– Я ученик профессора Переверзева!
– У профессора Переверзева нет учеников! Вы все его предали!
С невесть откуда взявшейся прытью Саша увернулся от брошенной не в него пустой пластиковой бутылки и прошмыгнул внутрь. Уж чего он не хотел, так это чужих разборок на пороге. Взволнованные люди и огромность их обид ещё никогда не приходили с оливковой ветвью, и только пока они сводят счёты друг с другом, мы получаем передышку.
В библиотечном информационном центре на первом этаже царило оживление. Все (числом три) казённые компьютеры были заняты, и ещё человек десять, листая журналы и книжки, явно дожидались своей очереди. У окна сидел с собственным ноутбуком давешний блондин в сапогах, и Саша содрогнулся, по дороге к газетной стойке услышав, как тот мурлычет под нос низкопробную песенку из репертуара, о пристрастии к которому не осмелится заявить ни один интеллигентный человек – особенно с тех пор, как дурной вкус превратился трудами креативного класса в политическое преступление. Проклятый эсэсовец предсказуемо был в ладу с собой и миром.
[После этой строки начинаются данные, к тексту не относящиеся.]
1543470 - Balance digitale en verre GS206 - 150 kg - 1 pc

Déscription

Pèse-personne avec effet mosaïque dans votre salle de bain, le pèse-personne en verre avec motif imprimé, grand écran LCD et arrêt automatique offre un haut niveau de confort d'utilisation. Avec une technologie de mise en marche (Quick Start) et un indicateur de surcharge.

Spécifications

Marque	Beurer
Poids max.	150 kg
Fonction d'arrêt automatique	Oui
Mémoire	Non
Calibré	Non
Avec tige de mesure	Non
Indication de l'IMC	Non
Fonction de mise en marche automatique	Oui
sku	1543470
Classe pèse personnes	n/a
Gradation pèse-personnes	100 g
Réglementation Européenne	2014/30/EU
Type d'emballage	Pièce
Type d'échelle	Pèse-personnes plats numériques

В пачке свежих газет Саша отыскал местную. (Нет, она называлась не «Филькина грамота».) Газетка была смешной и боевитой – куда смешнее и бойчее анемичных петербургских газет, с одинаковой тоской писавших о футболе и балете. В ней не боялись смелых беспочвенных прогнозов, лёгкого шантажа и криминальной хроники. На первой полосе помещались парадные, идеологически выдержанные фотографии и высказывания мэра, а на третьей тот же мэр, в липнущем пуху иносказаний и околичностей, представал потешным держимордой – бука и долдон, – словно силы, формирующие бюджет цветущей сложности, ухитрились сэкономить, вместо двух газет, государственной и оппозиционной, издавая одну, и государственную, и оппозиционную, и затея прошла на ура, как нельзя лучше отвечающая народному юмору. А главным для читателей и журналистов оставались аполитичные пересуды, расписание рейсовых автобусов и обширная рубрика «сад-огород».
Видное место занял отчёт о продолжающемся расследовании аварии, в которой неделю назад погибли управляющий местной сетью ювелирных магазинов и пара человек по мелочи.
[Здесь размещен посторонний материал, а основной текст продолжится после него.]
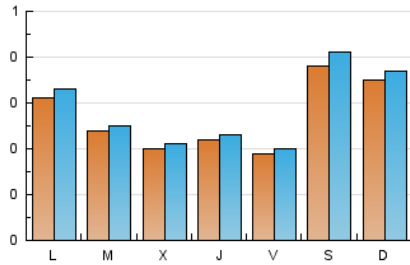

1. Cifras totales y promedios (Nacional e Internacional)

MES - AÑO	NAVEGADORES UNICOS	VISITAS	PAGINAS
Octubre - 2024	773	868	982
PROMEDIO DIARIO	27	28	32
PROMEDIO LUNES-VIERNES	23	24	27
PROMEDIO SABADO-DOMINGO	37	39	45
PAGINAS / VISITAS	1,13		
DURACION MEDIA VISITAS	0:01:05		
TIEMPO INTERACCIÓN MEDIO	0:00:23		

2. Secciones (Nacional e Internacional)

	PAGINAS	%
HOME	160	16.29 %
RESTO	822	83.71 %

3. Por día del mes (Nacional e Internacional)

Día	N. únicos	Visitas	Páginas	Día	N. únicos	Visitas	Páginas	Día	N. únicos	Visitas	Páginas
1	12	12	12	11	17	20	22	21	28	31	30
2	11	13	15	12	100	105	113	22	23	26	29
3	31	31	33	13	90	91	105	23	20	20	33
4	20	20	25	14	45	46	55	24	34	34	39
5	14	15	20	15	38	41	45	25	15	15	15
6	12	12	14	16	25	26	27	26	17	18	26
7	21	21	22	17	18	20	21	27	17	19	20
8	18	18	19	18	25	26	29	28	29	32	40
9	13	14	13	19	22	25	31	29	28	30	40
10	14	15	13	20	21	25	27	30	32	32	33
								31	14	15	16

4. Gráficas (Nacional e Internacional)

4.1 Por día de la semana (promedio)

N. únicos / Visitas (x 100)

Páginas (x 100)

4.2 Por franja horaria (promedio)

Visitas_ (x 1000)

Páginas (x 1000)

4.3 Por meses

Авария наделала шума. Во всей истории, кроме плохих дорог и алкоголя, было что-то ещё, мрачное, загадочное, о чём не говорилось прямо, но что сквозило в деталях биографии погибшего, в пересказе слов следователей и чиновников, в том, с каким нажимом писалось – или умалчивалось, тогда нажим парадоксально возрастал, – о магазинах «Алмаз». Саша почувствовал себя смышлёным иностранцем, который всех намёков не понимает, однако их видит. Главный намёк (самый толстый, самый мрачный) понял и он: из разбившейся машины управляющего пропали деньги. Очень много денег. Очень, судя по всему, грязных.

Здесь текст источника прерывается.